The improbable calanque, friend of factories and filmmakers

At a time of overcrowded creeks and while a quota is being considered for the Sormiou cove, there are places on the Marseille coast that never see tourists, or almost. “No one comes here by chance,” knows Dora, who runs the only restaurant in the Ponteau area, in the town of Martigues, in the Bouches-du-Rhône. And for good reason, to access this small cove, you have to travel five kilometers on a road lined with pipelines and chimneys from the refineries of the imposing petrochemical complex located about ten kilometers west of Marseille. An uninviting landscape which nevertheless leads to a little corner of paradise.

The calanque de Lavera, its 41 cabins, its bar-restaurant, its handful of year-round residents and its few seasonal rentals. “Three-quarters of customers who do not know call us on the way and tell us: ‘I think we are lost,” “laughs Alexandre, Dora’s son, who manages a few rental properties.

From Guédiguian to Plus belle la vie

However, the place remains quite confidential and is communicated mainly by word of mouth. This one seems to work particularly well in the film industry. From Robert Guédiguian as a pioneer for To life, to death (1995) and Along the breadcrumb trail (2014) to Something is happening (2018) by Anne Alix through scenes from More beautiful life, documentaries, or advertisements, the bar-restaurant and cabins of this unsuspected cove attract for its paradox. There is here a striking contrast between these dwellings, former shelters of fishermen from another age, the modernity of the factories, the immutability of the rock, the sea and the immobility of the tankers who wait at sea. A setting which, depending on the setting, exposes this paradox or stages a picturesque and idyllic landscape.

Factories that “protect the world”

Patrick, a 60-year-old Martégal, has been coming here since he was little. That day, he comes out of the water after a game of spearfishing. “It’s heaven here,” he smiles. “Finally, you have to look at the sea,” he continues, not worried about the quality of the water because of the proximity of the industry. “The water is clean and very supervised”. Last year, an iron chloride leak from factories dissuaded him from coming there for many months.

View of the Lavera site – Alexandre Vella / 20 Minutes

For the rest, factories are rather popular here. “It protects people”, says our underwater hunter who makes “beautiful fish”. Angelo, lyric singer and one of Dora’s sons, agrees. “For us, the factories are the barrier. Otherwise, there would only be Germans and tourists, because it’s sand here ”.

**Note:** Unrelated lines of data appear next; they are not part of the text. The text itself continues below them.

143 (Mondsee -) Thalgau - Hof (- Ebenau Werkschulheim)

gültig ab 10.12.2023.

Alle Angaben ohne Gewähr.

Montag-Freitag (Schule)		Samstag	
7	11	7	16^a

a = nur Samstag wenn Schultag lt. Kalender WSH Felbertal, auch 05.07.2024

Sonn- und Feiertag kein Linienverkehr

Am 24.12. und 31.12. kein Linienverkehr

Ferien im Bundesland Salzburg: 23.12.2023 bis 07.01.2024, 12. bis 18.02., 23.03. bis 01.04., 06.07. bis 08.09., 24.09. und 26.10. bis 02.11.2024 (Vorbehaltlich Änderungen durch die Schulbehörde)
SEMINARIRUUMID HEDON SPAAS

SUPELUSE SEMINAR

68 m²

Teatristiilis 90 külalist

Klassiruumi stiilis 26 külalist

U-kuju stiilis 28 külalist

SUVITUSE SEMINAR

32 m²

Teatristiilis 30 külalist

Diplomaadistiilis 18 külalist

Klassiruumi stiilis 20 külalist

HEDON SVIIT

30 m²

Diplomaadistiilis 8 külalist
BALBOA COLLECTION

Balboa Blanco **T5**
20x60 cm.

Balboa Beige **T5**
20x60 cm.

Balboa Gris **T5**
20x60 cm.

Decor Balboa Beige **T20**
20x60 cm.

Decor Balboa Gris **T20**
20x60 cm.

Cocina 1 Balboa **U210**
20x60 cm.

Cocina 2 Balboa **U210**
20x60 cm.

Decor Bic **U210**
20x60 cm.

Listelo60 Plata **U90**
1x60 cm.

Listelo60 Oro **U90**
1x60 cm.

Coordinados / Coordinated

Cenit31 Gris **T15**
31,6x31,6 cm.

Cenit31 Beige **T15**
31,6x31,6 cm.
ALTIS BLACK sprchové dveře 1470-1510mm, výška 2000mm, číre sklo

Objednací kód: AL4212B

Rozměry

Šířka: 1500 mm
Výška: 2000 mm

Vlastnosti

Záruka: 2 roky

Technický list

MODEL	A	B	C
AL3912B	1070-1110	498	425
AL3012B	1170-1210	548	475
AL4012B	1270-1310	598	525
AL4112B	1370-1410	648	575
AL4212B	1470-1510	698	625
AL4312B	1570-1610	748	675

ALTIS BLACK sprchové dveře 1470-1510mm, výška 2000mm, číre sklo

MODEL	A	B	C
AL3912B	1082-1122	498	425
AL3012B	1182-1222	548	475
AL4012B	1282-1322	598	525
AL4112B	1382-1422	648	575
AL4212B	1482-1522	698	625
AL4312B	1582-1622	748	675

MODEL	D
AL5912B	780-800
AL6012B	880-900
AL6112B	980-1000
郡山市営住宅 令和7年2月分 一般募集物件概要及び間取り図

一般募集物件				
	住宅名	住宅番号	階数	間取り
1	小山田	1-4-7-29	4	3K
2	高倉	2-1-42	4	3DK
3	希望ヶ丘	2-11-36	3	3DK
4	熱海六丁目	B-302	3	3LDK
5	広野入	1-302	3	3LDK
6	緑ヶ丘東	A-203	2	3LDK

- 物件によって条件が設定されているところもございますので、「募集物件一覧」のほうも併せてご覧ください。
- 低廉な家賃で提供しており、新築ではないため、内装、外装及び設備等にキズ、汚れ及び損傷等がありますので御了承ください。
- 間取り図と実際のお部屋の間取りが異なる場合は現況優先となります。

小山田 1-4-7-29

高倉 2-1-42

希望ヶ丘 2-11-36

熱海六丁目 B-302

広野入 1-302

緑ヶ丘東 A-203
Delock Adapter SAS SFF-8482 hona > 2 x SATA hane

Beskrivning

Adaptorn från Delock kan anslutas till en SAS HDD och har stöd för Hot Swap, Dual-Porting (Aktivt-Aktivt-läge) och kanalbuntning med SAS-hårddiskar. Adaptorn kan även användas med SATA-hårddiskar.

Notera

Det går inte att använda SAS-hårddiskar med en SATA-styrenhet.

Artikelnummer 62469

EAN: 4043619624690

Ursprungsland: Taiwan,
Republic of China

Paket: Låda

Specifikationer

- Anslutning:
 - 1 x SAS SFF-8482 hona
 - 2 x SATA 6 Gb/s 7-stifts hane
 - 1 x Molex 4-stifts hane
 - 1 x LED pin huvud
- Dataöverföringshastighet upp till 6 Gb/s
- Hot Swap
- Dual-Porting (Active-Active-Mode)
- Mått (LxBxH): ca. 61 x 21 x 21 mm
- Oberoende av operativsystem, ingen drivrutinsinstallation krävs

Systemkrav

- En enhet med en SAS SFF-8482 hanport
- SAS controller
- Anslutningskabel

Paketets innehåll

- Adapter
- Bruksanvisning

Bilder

Sand by the sea around Marseille, a rare commodity. These sheds almost quite simply disappeared. Nearly 40 have already been razed, without cadastral registration and encroaching on the public maritime domain. “The fishermen’s huts here go up the walls as you go, and in the end you have a house,” Patrick observed. Those who survived did so under the old legal concept of ” acquisitive prescription “. Or the fact of acquiring possession of an untitled property if one can justify an occupation of more than thirty years.

“The” shits “were sold between us for a handful of figs”

Since this long legal conflict was settled, since running water was brought in by the municipality in the mid-1990s, and since fiber is now installed, the hamlet has changed. “Today, the ‘shits’ which were sold between us for a handful of figs are sold at a high price. Especially for ten years, “regrets Dora. “Of the elders, there are not many left,” adds Mathieu, 74, in a conversation where only his blue eyes, his receding hairline and his lion’s head tattooed on the shoulder protrude from the fence.

He is nostalgic for an era, that before the demolition of half of the sheds and the sale of many others by heirs. “We don’t know each other anymore”.

“Here, people were only fishermen when they came to the Eternal”

In the 1970s and 1980s, the mood was quite different. “There are creeks like the one in Carry which were more for the bourgeoisie. But here, there was no station, you had to come by walking, Dora rewinds. When I arrived here, when my family bought out, the bar and restaurant was a hobby hotel, evidenced by all the tiny rooms upstairs. In the village lived an old prostitute, an old pimp. How to tell you, this calanque, it was a bit the corner where the small Marseillais thugs came to hide. Here, people were only fishermen when they came to the Eternal, ”she slips.

A sign that times are changing, her children, Angelo and Alexandre, do not intend to pursue the restaurant. The first wants to devote himself to his singing career, the second is doing well in business and intends to grow the place, which, once past the factories, offers an unparalleled setting on the Provencal coast.